For example, \(\id_{A \times B}\) is a \(\dup\).

Provided the types match up, we have \[\dup(\fst,\snd) = \id_{A \times B}.\]

Note that \[\begin{eqnarray*} & & \fst(\dup(\fst,\snd)(\tup(a)(b))) \\ & \href{/posts/arithmetic-made-difficult/Tuples.html#def-fst-dup} = & \fst(\tup(a)(b)) \\ & \href{/posts/arithmetic-made-difficult/Tuples.html#thm-fst-tup} = & a \end{eqnarray*}\] and \[\begin{eqnarray*} & & \snd(\dup(\fst,\snd)(\tup(a)(b))) \\ & \href{/posts/arithmetic-made-difficult/Tuples.html#def-snd-dup} = & \snd(\tup(a)(b)) \\ & \href{/posts/arithmetic-made-difficult/Tuples.html#thm-snd-tup} = & b \end{eqnarray*}\] so that \(\dup(\fst,\snd)(\tup(a)(b)) = \tup(a)(b)\) for all \(a \in A\) and \(b \in B\).

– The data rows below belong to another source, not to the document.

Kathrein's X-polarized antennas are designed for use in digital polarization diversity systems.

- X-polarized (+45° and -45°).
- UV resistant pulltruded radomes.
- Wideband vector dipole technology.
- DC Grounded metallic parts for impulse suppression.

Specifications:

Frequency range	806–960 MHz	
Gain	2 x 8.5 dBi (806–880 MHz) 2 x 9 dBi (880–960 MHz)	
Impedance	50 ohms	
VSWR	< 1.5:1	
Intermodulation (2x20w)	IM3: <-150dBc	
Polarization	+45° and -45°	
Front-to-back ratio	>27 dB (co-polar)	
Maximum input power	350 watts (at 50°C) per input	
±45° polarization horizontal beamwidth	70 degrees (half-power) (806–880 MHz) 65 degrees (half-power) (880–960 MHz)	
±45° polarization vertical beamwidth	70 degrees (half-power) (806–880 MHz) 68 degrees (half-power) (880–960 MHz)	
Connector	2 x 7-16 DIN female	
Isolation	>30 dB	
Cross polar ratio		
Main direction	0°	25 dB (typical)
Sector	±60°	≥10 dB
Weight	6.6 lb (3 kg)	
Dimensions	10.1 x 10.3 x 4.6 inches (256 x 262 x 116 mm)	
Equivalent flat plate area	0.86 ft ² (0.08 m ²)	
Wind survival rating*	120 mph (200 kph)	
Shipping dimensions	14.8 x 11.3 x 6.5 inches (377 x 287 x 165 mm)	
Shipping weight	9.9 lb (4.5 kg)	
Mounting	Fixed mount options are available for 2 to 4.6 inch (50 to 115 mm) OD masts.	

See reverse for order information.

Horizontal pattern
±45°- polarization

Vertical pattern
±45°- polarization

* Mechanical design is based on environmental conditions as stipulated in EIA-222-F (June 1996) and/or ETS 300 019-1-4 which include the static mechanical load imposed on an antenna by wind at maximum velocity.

_test_dup_fst_snd :: (Equal a, Equal b)
  => a -> b -> Test (Pair a b -> Bool)
_test_dup_fst_snd _ _ =
  testName "dup(fst,snd) == id" $
  \x -> eq (dup fst snd x) x

We define \(\tSwap\) on tuples like so.

Let \(A\) and \(B\) be sets. We define \(\tSwap : A \times B \rightarrow B \times A\) by \[\tSwap = \dup(\snd,\fst).\]

In Haskell,

tswap :: Pair a b -> Pair b a
tswap = dup snd fst

Elements of \(A \times B\) act like “ordered pairs”, and \(\tSwap\) effectively reverses the order of the pair.

Let \(A\) and \(B\) be sets. Then we have the following.

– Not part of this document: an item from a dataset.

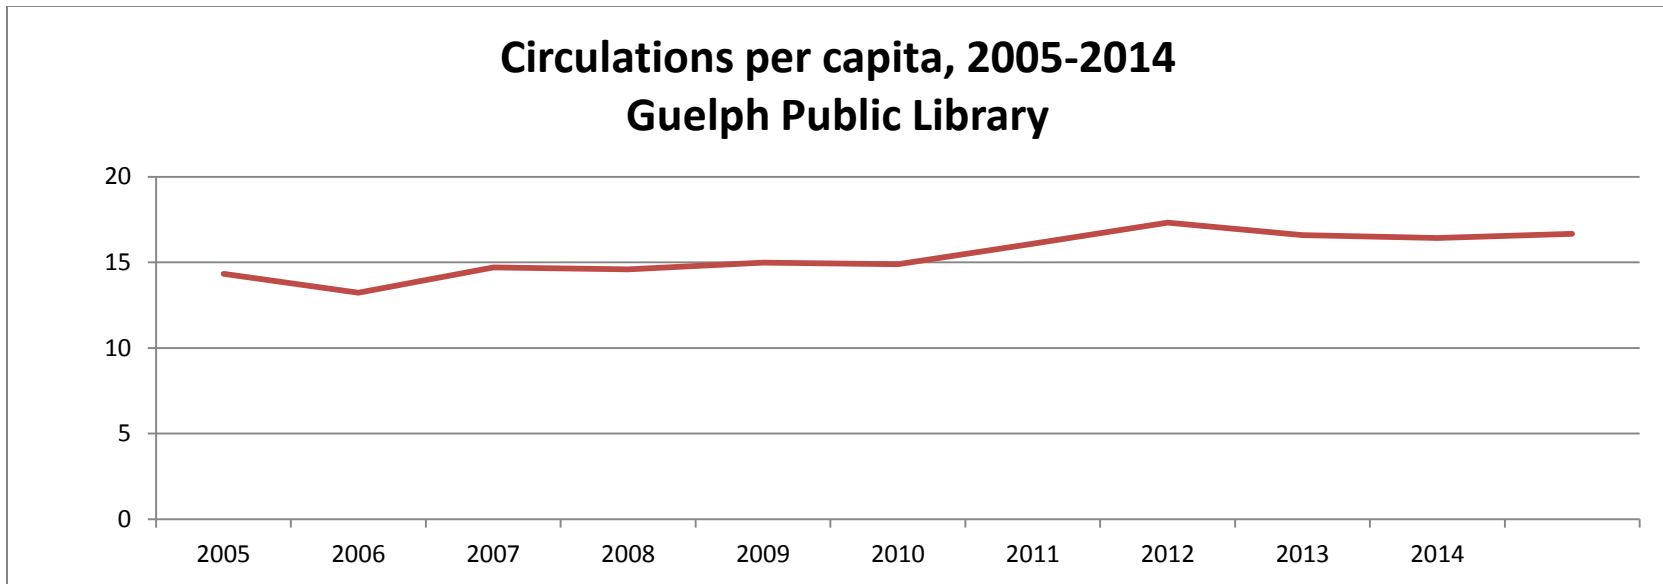

APPENDIX A

Guelph Public Library trends compared to that of Ontario Public Libraries

Ontario Public Libraries data obtained from recent research conducted by the Federation of Ontario Public Libraries; the graphs placed here compare the trend in activity at GPL against the trend in activity for all Ontario Public Libraries by year from 2005 to 2014.

\(\tSwap(\tup(a)(b)) = \tup(b)(a)\).
\(\tSwap(\tSwap(\tup(a)(b))) = \tup(a)(b)\).

Note that \[\begin{eqnarray*} & & \fst(\tSwap(\tup(a)(b))) \\ & \href{/posts/arithmetic-made-difficult/Tuples.html#def-tSwap} = & \fst(\dup(\snd,\fst)(\tup(a)(b))) \\ & \href{/posts/arithmetic-made-difficult/Tuples.html#def-fst-dup} = & \snd(\tup(a)(b)) \\ & \href{/posts/arithmetic-made-difficult/Tuples.html#thm-snd-tup} = & b \end{eqnarray*}\] and \[\begin{eqnarray*} & & \snd(\tSwap(\tup(a)(b))) \\ & \href{/posts/arithmetic-made-difficult/Tuples.html#def-tSwap} = & \snd(\dup(\snd,\fst)(\tup(a)(b))) \\ & \href{/posts/arithmetic-made-difficult/Tuples.html#def-snd-dup} = & \fst(\tup(a)(b)) \\ & \href{/posts/arithmetic-made-difficult/Tuples.html#thm-fst-tup} = & a \end{eqnarray*}\] so that \(\tSwap(\tup(a)(b)) = \tup(b)(a)\) as claimed.
Note that \[\begin{eqnarray*} & & \tSwap(\tSwap(\tup(a)(b))) \\ & \href{/posts/arithmetic-made-difficult/Tuples.html#thm-tSwap-swap} = & \tSwap(\tup(b)(a)) \\ & \href{/posts/arithmetic-made-difficult/Tuples.html#thm-tSwap-swap} = & \tup(a)(b) \end{eqnarray*}\] as claimed.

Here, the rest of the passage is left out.